Estas situaciones de repeticiones ad infinitum, estancamiento y postergaciones infinitas, que tienen su germen filosófico en las aporías de Zenón, como señaló Borges, pasan por Kafka y son constantes en el Teatro del Absurdo. Pero también son puestas en escena por cineastas como Luis Buñuel. En El ángel exterminador (1962) unos burgueses que celebran una cena quedan atrapados en una casa sin motivos aparentes o explícitos durante varios días. Una situación ilógica y delirante, claustrofóbica y extraña que hace de esta película una experiencia sobrecogedora, absurda y cruel. En el relato “La autopista del sur”, Julio Cortázar recreaba un embotellamiento de tráfico que se prolongada durante días y semanas, hasta lo irracional. Estirar la realidad hasta transformar la metáfora en horror.
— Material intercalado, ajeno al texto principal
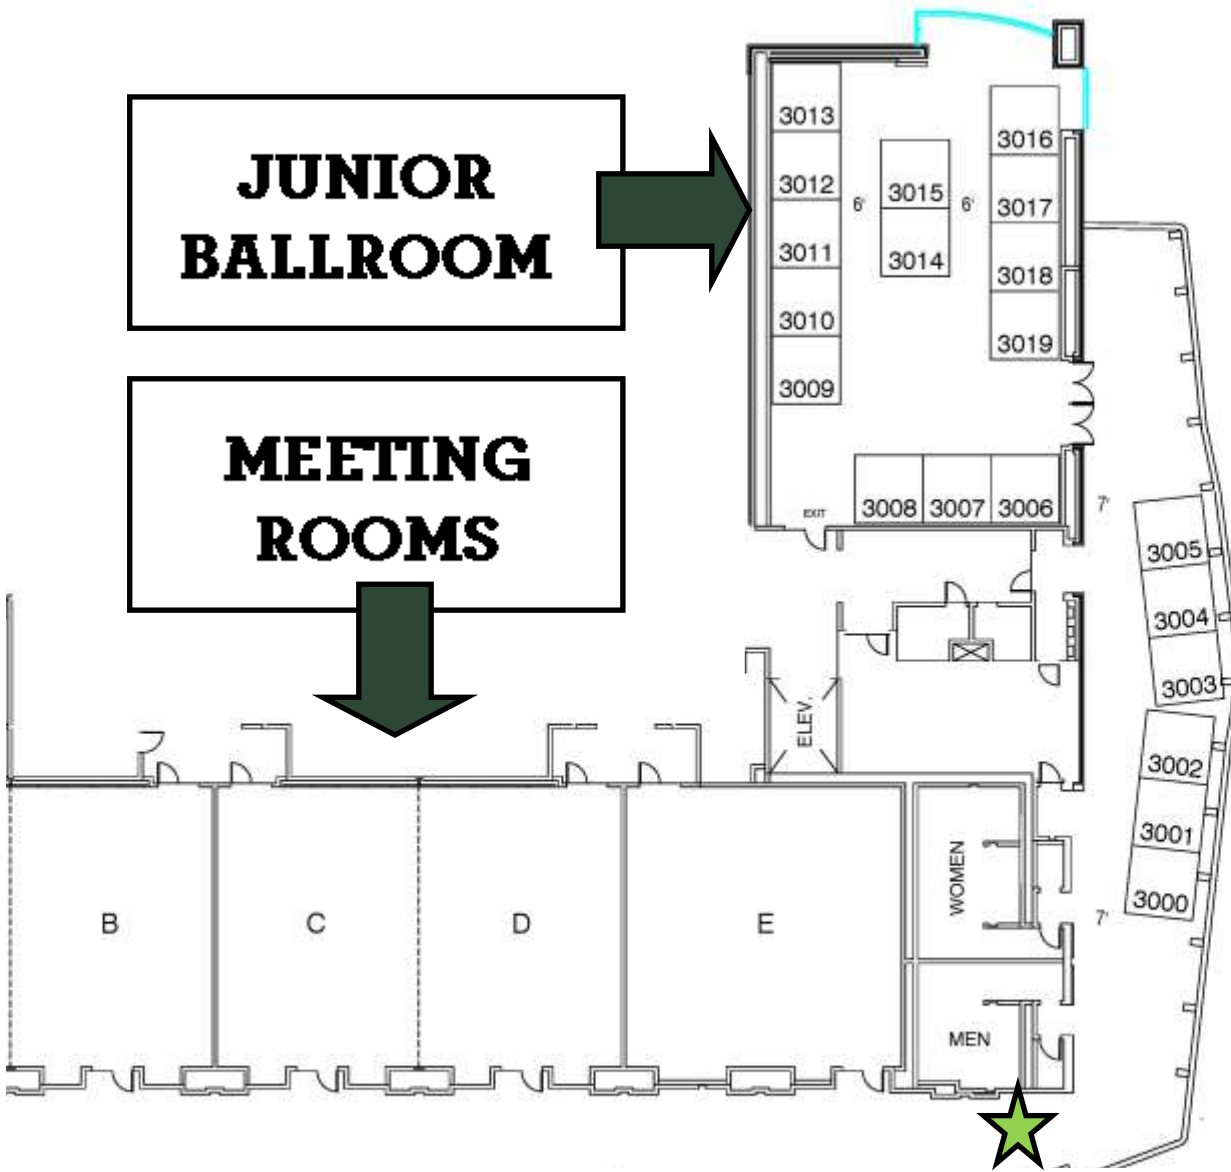

**ESCALATORS
FROM LOWER LEVEL**

★ = Water Station + Snacks

★ = Water Station

BOOTHS BY PRODUCT LINE

*Upstairs Booths Highlighted in YELLOW

#

2Undr	812
4F	1913
686 Technical Apparel	600

A

Aarn Backpacks	2307
Abaco Polarized	1200
Abilene Boot	109
Abode Outdoors	1005
Acorn	512
Action Heat	100
Adventure Ready Brands	1205A
Airblaster	2011
Align	1204
Almgwand1928	900
Aloha Collection	421
Alpina Sports	1206
AlpineAire	1002
Alpinecho	617
Anon	502
Aquaseal	700
Arbor	1206
Arcteryx	Room D
Arctix	1012
Ariat	2007
Ariat Slippers	512
Armada	402
Artex Headwear	516
Artilect	1002
Asolo	1002
Atlas Snowshoes	1002
Auclair	Room D
Autumn Headwear	2200
Aventura	614

B

Balega	715
Bearpaw	2307
Belleville Boots	217
Bellroy	512
Bermies	1901
Bernie Mev	2105
Beyond Medals	3016
Big Agnes	817
Birddogs Apparel	300
Birkenstock	715
Birkenstock	1211
Bison Designs	721
Black Crows	812
Black Diamond Equipment	312
BlackStrap	1206
Blizzard Skis	200
Blumaka	2408
Blundstone	515
Bn3th	1907
Body Glide	2100
Bogg Bag	3006
BOGS Footwear	2104
Boulder Gear	Room D
Bridgedale Socks	817
Brume	406
Bula	108
Burton	502

C

C.A.M.P. USA	817
CAPiTA	3016
Captuer Headwear	118
Cardo	1301

En El desierto de los Tártaros de Buzzati, El mar de las Sirtes de Gracq o Esperando a los bárbaros de Coetzee situaciones igualmente prolongadas de espera se dilatan hasta lo absurdo creando atmósferas de desasosiego. En otro famoso “cuento frío” de Piñera titulado “El álbum” también presenciamos unas sesiones extrañas en las que el protagonista, junto a otros vecinos, contempla y escucha a la dueña de la casa que muestra su álbum de fotos. Nada tendría esto de anómalo si no fuese porque estas sesiones se alargan durante ¡ocho meses!, en una secuencia infinita y desproporcionada que Piñera al más puro estilo kafkiano describe con naturalidad y laconismo.
Me parece encontrar un antecedente de estas incoherentes prolongaciones en la famosa obra de Lewis Carroll. En Alice in Wonderland hay un episodio en el que El Sombrerero explica a Alicia que él y la Liebre de Marzo se hallan encerrados en una celebración eterna del té. Una fiesta loca en la que se repite ad infinitum la ceremonia del té. En este episodio, titulado por cierto “A Mad Tea-Party”, se prefiguran elementos propios del absurdo: conversaciones sin sentido, juegos de palabras que producen una impresión de extrañeza cómica y exagerada y una narración circular que nos encierra y nos remite a la simbología del laberinto, lo indescifrable y la incomunicabilidad de la existencia.
La literatura es libertad, pero también fluye en ocasiones hacia la nada, en un círculo concéntrico sin salida.